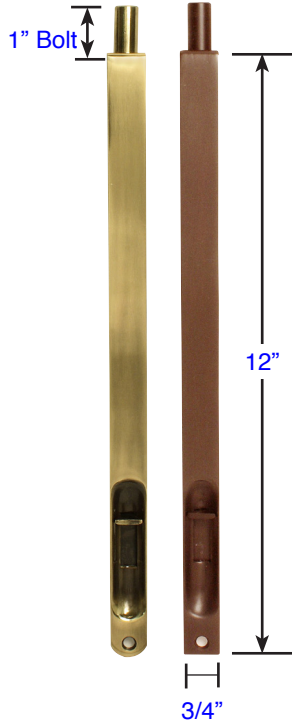

12" Flush Bolts

6" Flush Bolts

4" Flush Bolts

Flush Bolt Strike

DIMENSIONS ARE IN INCHES
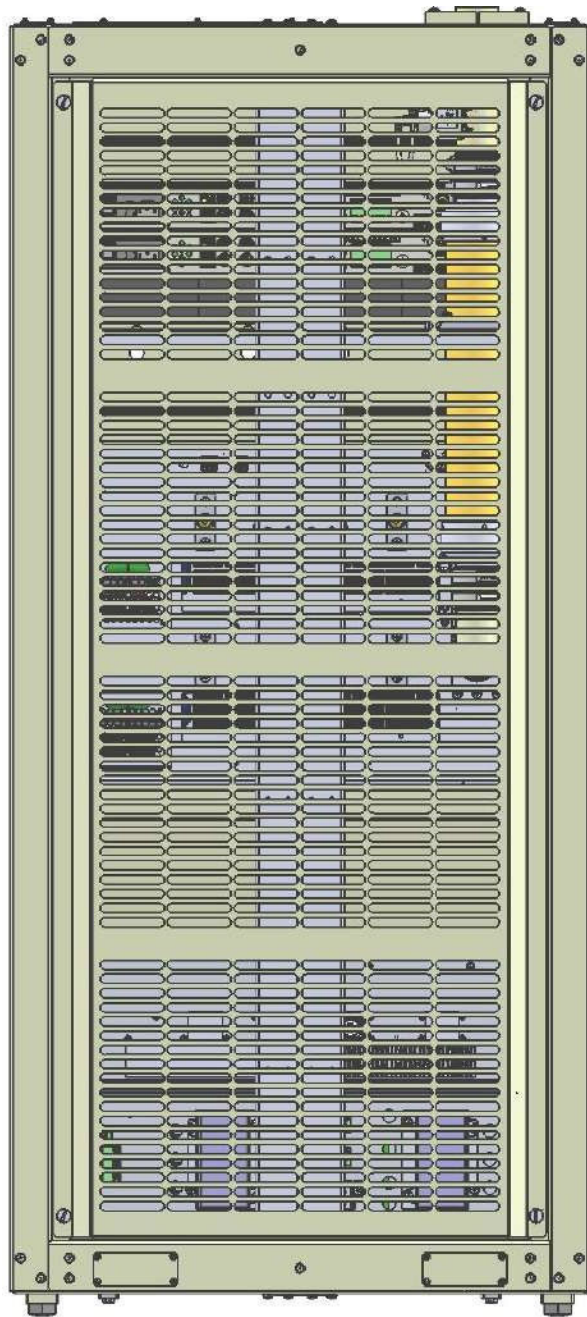

Figure 1. EC-702HP Front View with Mask filter

Figure 2. EC-702HP Rear View

Figure 3. Exact V2 Exciter Front View

Figure 4. Exact V2 Exciter Rear View

Figure 5. Transmitter Control Module Front View

Figure 6. Transmitter Control Module Rear View

WORK INSTRUCTIONS - Every last line above must be reproduced as written, and no pictures belong in the copy.

EXERCISE OUTPUT -
12" Flush Bolts

6" Flush Bolts

4" Flush Bolts

Flush Bolt Strike

DIMENSIONS ARE IN INCHES

Figure 1. EC-702HP Front View with Mask filter

Figure 2. EC-702HP Rear View

Figure 3. Exact V2 Exciter Front View

Figure 4. Exact V2 Exciter Rear View

Figure 5. Transmitter Control Module Front View

Figure 6. Transmitter Control Module Rear View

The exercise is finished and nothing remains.